Tek çözüm, seçmenlerin destekledikleri partileri Meclisten çekilmeye zorlamasıdır.
Kitleler arasında çalışalım. Özellikle o kitleleri kapı kapı dolaşarak kendi partilerine “Meclisten çekilin, önümüze düşün, kitlesel kampanyalarla Erdoğan’ı istifaya zorlayalım, Erdoğansız erken seçimle demokrasiyi kuralım” diyerek baskı yapmaya çağıralım. Bu partilerin taraftarlarına “partiniz mecliste kalarak faşist rejime meşruiyet kazandırıyor, kurbanlık koyunlar gibi kasabın yapacağı seçimleri bekleyerek sizi oyalıyor” diyelim.
Korona katliamına, işsizliğe, kadın cinayetlerine, esnaf iflaslarına, politik baskılara, yolsuzluklara karşı yereldeki mücadele taleplerini “meclisten çekilin, Erdoğan istifa, Erdoğansız erken seçim” hedefine bağlayalım.
Bu çalışmayı yaparken, bir yandan da “Erdoğansız” olsa da, yapılacak seçimin “güvenliğini” yerelde bu partilerin tabanlarıyla işbirliği ile gerçekleştirmeye de çalışalım. Bu mücedele sistem partilerini konuyu tartışmaya zorlar, bu tartışmanın kendisi bile rejimin dengesini bozar.

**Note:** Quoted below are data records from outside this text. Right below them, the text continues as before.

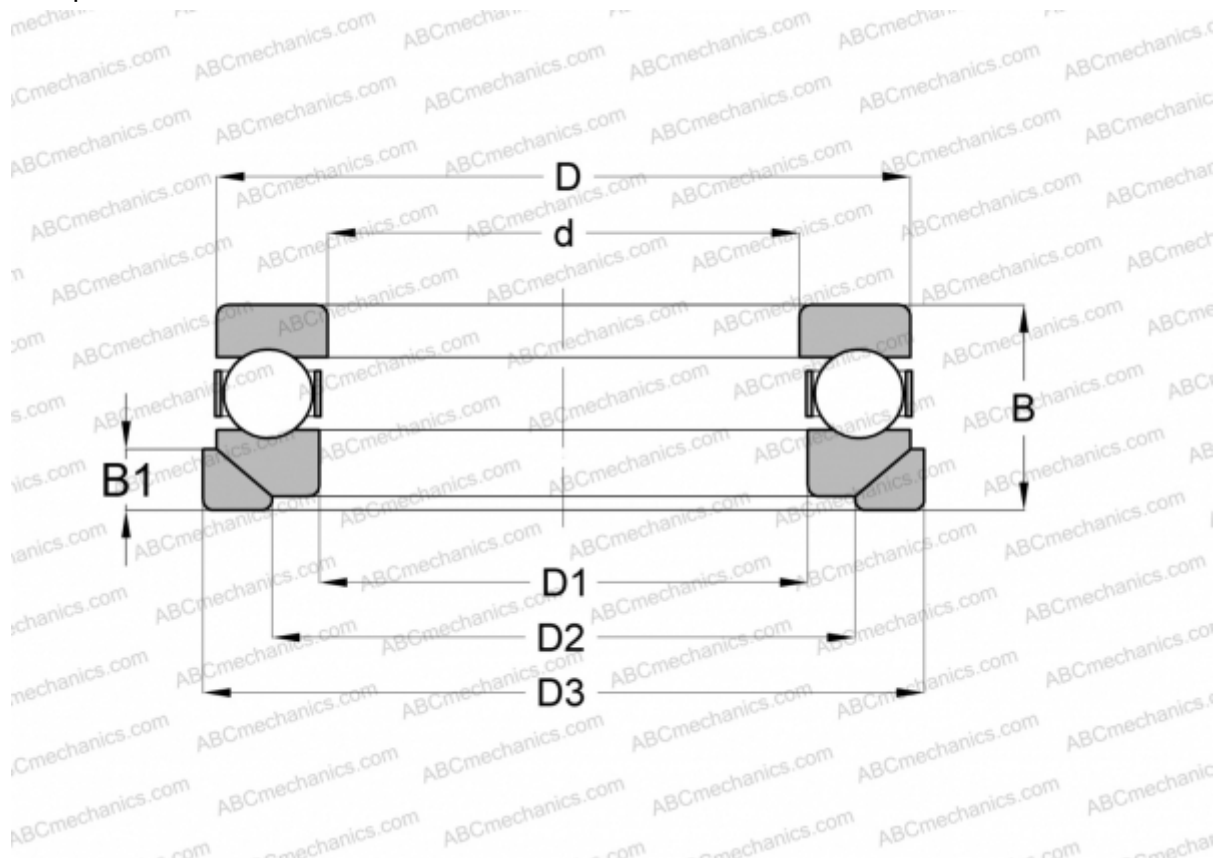

4136AW INA

Упорные шарикоподшипники

ТИП: Шарикоподшипники, Упорные, Одностороннего действия, Подкладные кольца для упорных шарикоподшипников 4100

Технические характеристики

РАЗМЕРЫ, ММ

d	180,000
D	260,000
D1	183,998
D2	202,000
D3	260,000
B	75,000
B1	19,000

Tabanın zorlamasıyla muhalefet, en uygun zamanda meclisten çekildiği gün, rejim meşruiyet krizine girer, ayakta kalmasına yol açan ABD ve AB desteklerini kaybeder. Devlet aygıtı böyle bir krize bütünlüğünü koruyarak direnemez. Böyle bir durumda bu mücadele ya radikal demokrasiye yolu açar, bu olmazsa, radikal demokrasi mücadelesinin yan ürünü olarak Türkiye reform yoluna koyulur. Bunu yapmazsak, az sonra faşist rejim Rusya ve Çin’e karşı Erdoğan iktidarını destekleme karşılığında ya NATO’ya sığınır ya da Rusya’ya teslim olur ve bunlardan birinin desteğini alır. Tarihi fırsat kaçar.
Sistem partileri meclisten çekilirsek, kriz tehlikeli şekilde büyür diye korkuyor. Onlarca yıl kriz altında sürünmemenin yolu, birkaç aylık demokratik krizi göze almaktan geçiyor. “Çivi çiviyi söker, kriz de krizi çözer.”
Son söz:
HDP’nin bileşenlerinden biri olan Legal Kürt özgürlük hareketi, HDP’nin meclisteki konumunu savunuyor ve Kürdistan’da zaten mücadele ediyor. Onun “tüm muhalefetle birlikte meclisten çekilmeyi” gündemine almaması anlaşılır bir şeydir. Ama HDP’nin komünist, sosyalist, ekolojist,, feminist bileşenleri, ve Türkmen Alevi örgütleri, HDP dışındaki tüm devrimciler kendi örgütleri adına “meclisten çekilin, Erdoğan istifa, Erdoğansız erken seçim” sloganıyla sistem partilerinin tabanlarını ayağa kaldırabilir. Onların “oylarına” bakmayalım, tarihsel tecrübelerine, mücadele azimlerine, pek çoğunun devrimci geleneklerine bakalım.
HDP’nin onursal başkanı olarak Kürkçü makul bir öneri yaptı; şimdi sıra Dev-Genç Başkanı olarak Kürkçü’dedir.
Bana sorarsanız, Batı’da asıl görev onlara düşüyor.